» PROBLEM DETAILS: Print every record exactly, but leave out the pictures.

» LISTED ENTRIES:
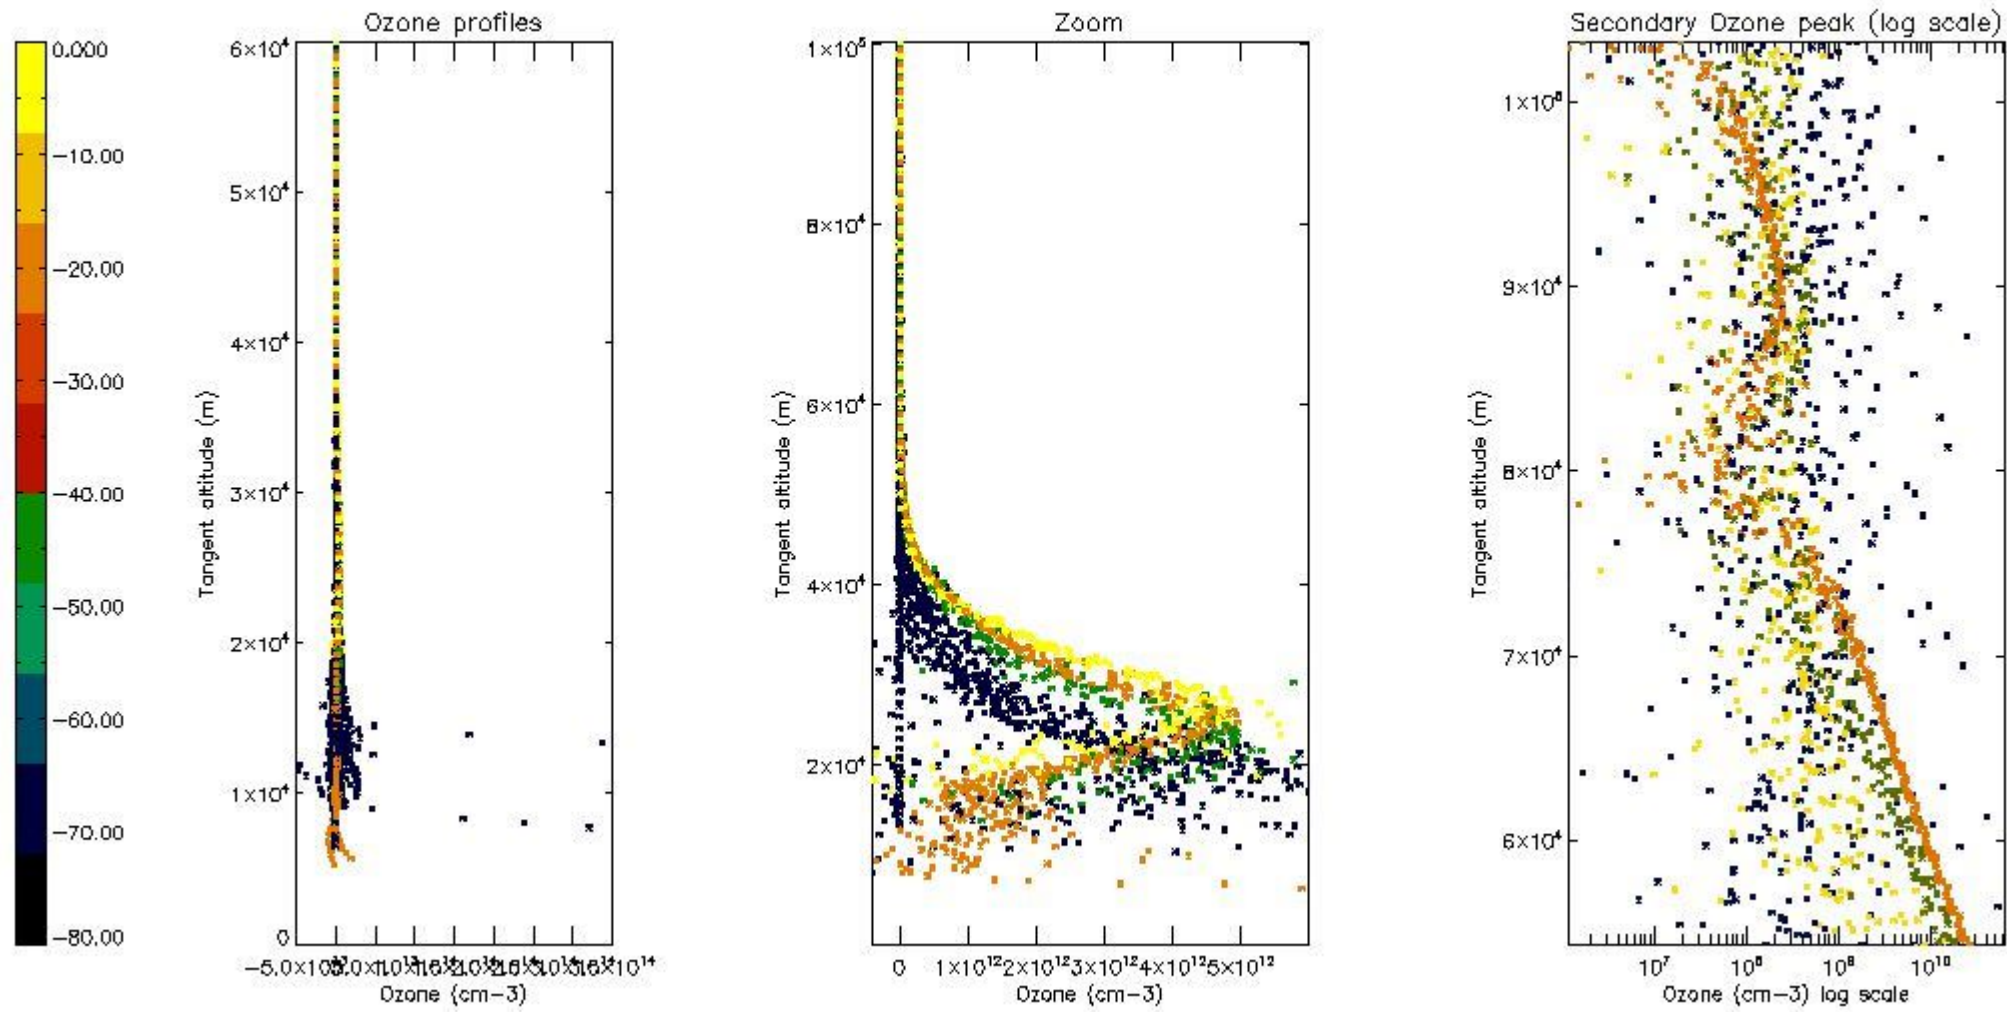

STD < 10	5
STD < 5	2

5.2 Plot ozone profiles for all STD (dark without errors)

The colorbar represents the latitude.

5.3 Plot ozone profiles where STD < 20% (dark without errors)

The colorbar represents the latitude.

» RESULT FOR THIS TASK:
STD < 10	5
STD < 5	2

5.2 Plot ozone profiles for all STD (dark without errors)

The colorbar represents the latitude.

5.3 Plot ozone profiles where STD < 20% (dark without errors)

The colorbar represents the latitude.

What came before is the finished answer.